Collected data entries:
+-------+
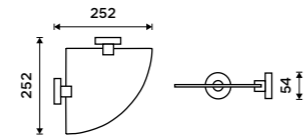

Police rohová

Matné sklo EXTRAWHITE 8 mm.
Broušená nerez.

999 / 41,30

UNM 13091RB-10
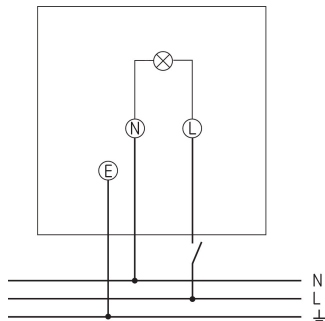

theLeda S8-100L WH

N° de réf.: 1020600

theben

Schémas de raccordement
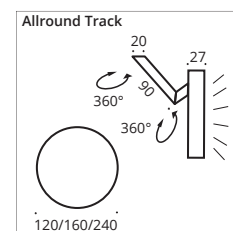

□ Chrom Teile/
chrome parts
■ Gepulverte Teile/
powder-coating
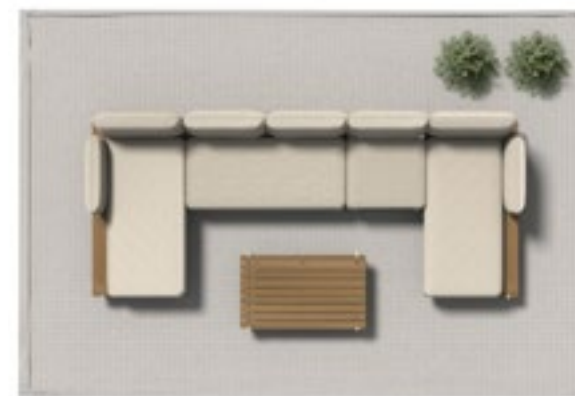

Set-5
Chaise Lounge Left Arm Module (KS8804B88TEX)
2-Seater Module (KC8804B08TEX)
Center Module (KC8804B07TEX)
Coffee Table (KT8804A23ALU)
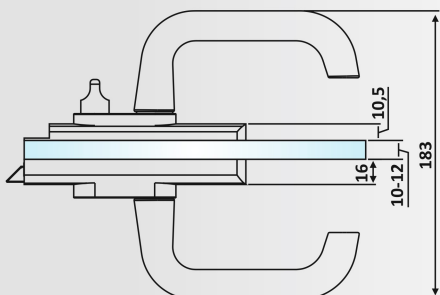

PRC 20-83

Φυσική Ανοδίωση / Anodized Silver

Κλειδαριά μέσης Flexa 6412,
πετούγια - κέρμα /
Door lock Flexa 6412, knob - slot

Υλικό: Αλουμίνιο / Material: Aluminium

Υαλοπίνακας / Glass: 10-12 mm

Βάρος / Weight: 1100 gr

Κωδικός εγκοπής / Code of notch: E182/6412
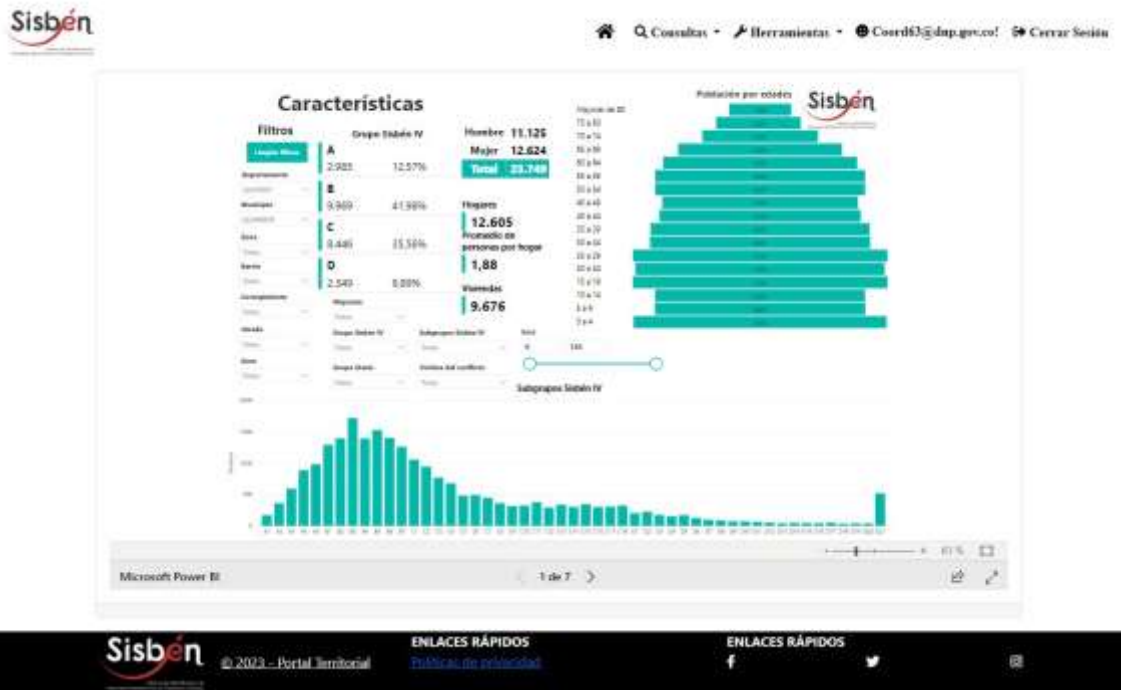

REGISTRO ESTADÍSTICO SISBÉN – MUNICIPIO DE QUIMBAYA – ENERO 2023

Fuente: Portal Territorial Sisbén –DNP

REGISTRO ESTADÍSTICO SISBÉN – MUNICIPIO DE QUIMBAYA – ENERO 2023

Fuente: Portal Territorial Sisbén –DNP
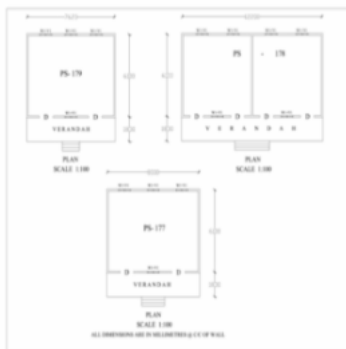

নিৰ্বাচক পঞ্জীয়ন বিষয়াৰ স্বাক্ষৰ

Nazri Naksha

Google Map View

Polling Station Building Front View

ভোটগ্ৰহন কেন্দ্ৰৰ সন্মুখৰ দৃশ্য

Cad View

Key MAP View

বিধানসভা সমষ্টিৰ নম্বৰ আৰু নাম : 67-তেজপুৰ  
অংশৰ নম্বৰ আৰু নাম : 1-তেজপুৰ টাউন ১৪ নং ওবাৰ্ড (গাৰোৱান পট্ট)
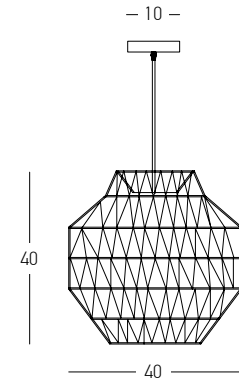

Bulb 1x E27
Power 40W MAX
Input 220-240V, 50/60Hz
Dimensions Ø: 40cm H: 40cm
Base Ø: 10cm H: 2cm
Material Metal - Paper Rope
Special Feature 200cm Cable Adjustable
Color Brown / **Code 20236**
+-------+
Exercise description: The answer must be an exact copy of the lines from the one containing "Chaise Lounge Left Arm Module (KS8804B88TEX)" through the last line of the records, and nothing else. Pictures do not belong in it.

Task answer:
Chaise Lounge Left Arm Module (KS8804B88TEX)
2-Seater Module (KC8804B08TEX)
Center Module (KC8804B07TEX)
Coffee Table (KT8804A23ALU)

PRC 20-83

Φυσική Ανοδίωση / Anodized Silver

Κλειδαριά μέσης Flexa 6412,
πετούγια - κέρμα /
Door lock Flexa 6412, knob - slot

Υλικό: Αλουμίνιο / Material: Aluminium

Υαλοπίνακας / Glass: 10-12 mm

Βάρος / Weight: 1100 gr

Κωδικός εγκοπής / Code of notch: E182/6412

REGISTRO ESTADÍSTICO SISBÉN – MUNICIPIO DE QUIMBAYA – ENERO 2023

Fuente: Portal Territorial Sisbén –DNP

REGISTRO ESTADÍSTICO SISBÉN – MUNICIPIO DE QUIMBAYA – ENERO 2023

Fuente: Portal Territorial Sisbén –DNP

নিৰ্বাচক পঞ্জীয়ন বিষয়াৰ স্বাক্ষৰ

Nazri Naksha

Google Map View

Polling Station Building Front View

ভোটগ্ৰহন কেন্দ্ৰৰ সন্মুখৰ দৃশ্য

Cad View

Key MAP View

বিধানসভা সমষ্টিৰ নম্বৰ আৰু নাম : 67-তেজপুৰ  
অংশৰ নম্বৰ আৰু নাম : 1-তেজপুৰ টাউন ১৪ নং ওবাৰ্ড (গাৰোৱান পট্ট)

Bulb 1x E27
Power 40W MAX
Input 220-240V, 50/60Hz
Dimensions Ø: 40cm H: 40cm
Base Ø: 10cm H: 2cm
Material Metal - Paper Rope
Special Feature 200cm Cable Adjustable
Color Brown / **Code 20236**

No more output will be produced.